START Excerpted records

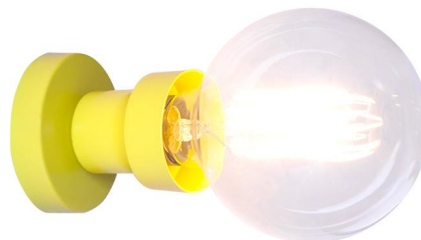

# BULB

DA TERRA

DESCRIZIONE: Lampada da terra in alluminio, attacco E27/GU10

DESCRIPTION: Aluminium floor lamp, with E27/GU10

DIMENSIONI:

DIMENSIONS:

FINITURE: Bianco, nero, giallo, blu, verde, grigio

FINISHES: White, black, yellow, blue, green, grey

# BULB

PARETE/SOFFITTO

**DESCRIZIONE:** Lampada da parete/soffitto in alluminio, attacco E27/GU10, lampadina inclusa.

**DESCRIPTION:** Aluminium wall/suspension lamp, with E27/GU10 bulb included

**DIMENSIONI:**

**DIMENSIONS:**

**FINITURE:** Bianco, nero, giallo, blu, verde, grigio

**FINISHES:** White, black, yellow, blue, green, grey

**LAMPADINA:**

**BULB:**

 Carbonfilament LED  
E27 6W

 Globo E27 - 14W  
860lm - A
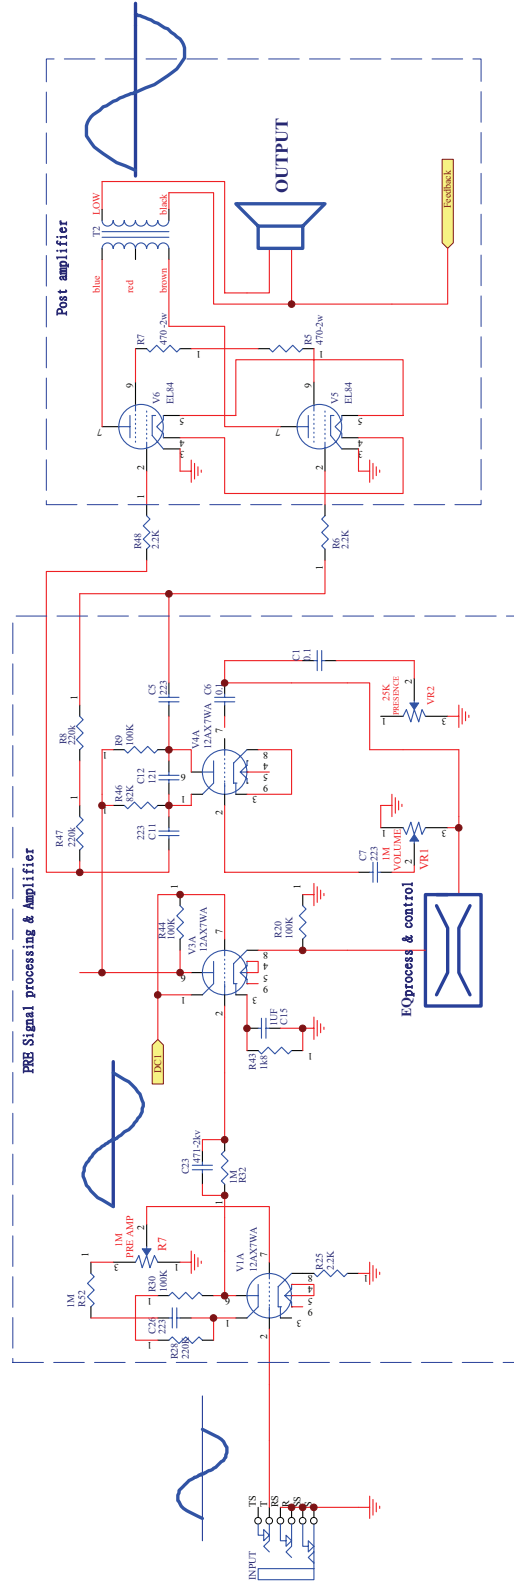

# JCA20H BLOCK DIAGRAM

Title			
Size	Model No.	Revision	Revision
A3	JCA20H		VERU00003
Date:	19-Dec-2009	Drawn By:	of 1
Part:	Electronics	Drawn By:	Part II

Title	
Size	Number
A4	
Date:	Revision
3-Dec-2009	
File:	Sheet 1 of 2
JET CITY 20-PREAMP- CIRCUITS	Drawn By: Jan Li

1 2 3 4

1 2 3 4

Title		Revision	
Size	Number		
A4	A		
Date:	3-Dec-2009	Sheet 2 of 2	
File:	JET CITY 20-PREAMP CIRCUITS	Drawn By: Jian Li	

U\_JET CITY 20-PREAMP CIRCUITS  
 JET CITY 20-PREAMP CIRCUITS.SchDoc  
 A TO PHASE INVERTER
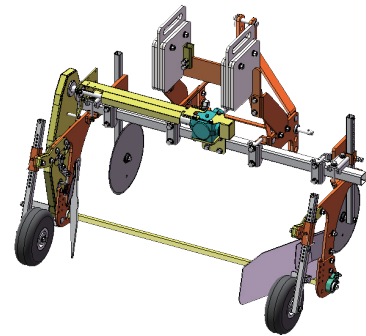

Horse power 15~45PS/11.2~33.5kW
 Weight 103~180kg
 Low 4-5-6-7-8

Option

Photo

Onion machine

Horse power 13~35PS/9.7~26.1kW
Weight 265kg

Horse power 13~35PS/9.7~26.1kW
Weight 150kg

Horse power 13~35PS/9.7~26.1kW
Weight 125kg

Horse power 13~35PS/9.7~26.1kW
Weight 55kg
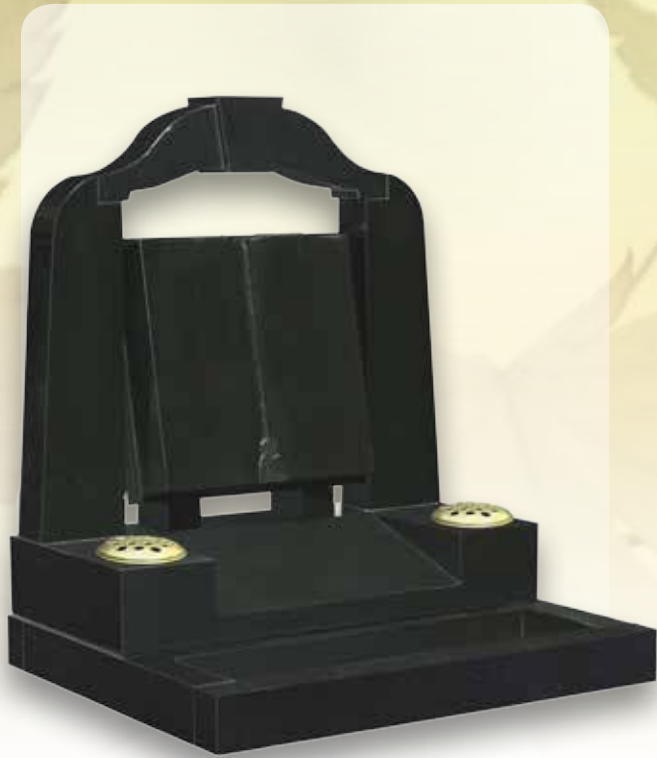

ET85

ET87

Book shape Memorials

ET84
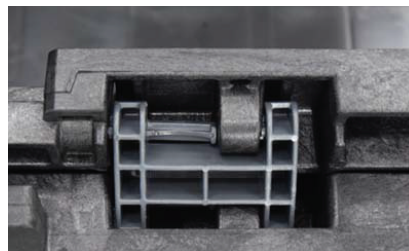

**Count based on 53' Standard Dry Van Trailers.*

FEATURES & BENEFITS

CORNER DRAIN HOLES

Drain holes strategically placed in the interior corners of this solid bottom container keep liquids from pooling.

FULLY ARTICULATING HINGES

Fully articulating hinges on access doors allow the doors to open fully and lay flat against the container sidewall

INTERLOCKING WALLS

Interlocking sidewalls at the corner of the container ensure high load capacity and stability.

END Excerpted records

Reproduce each line above that contains "grey".

FINISHES: White, black, yellow, blue, green, grey
**FINISHES:** White, black, yellow, blue, green, grey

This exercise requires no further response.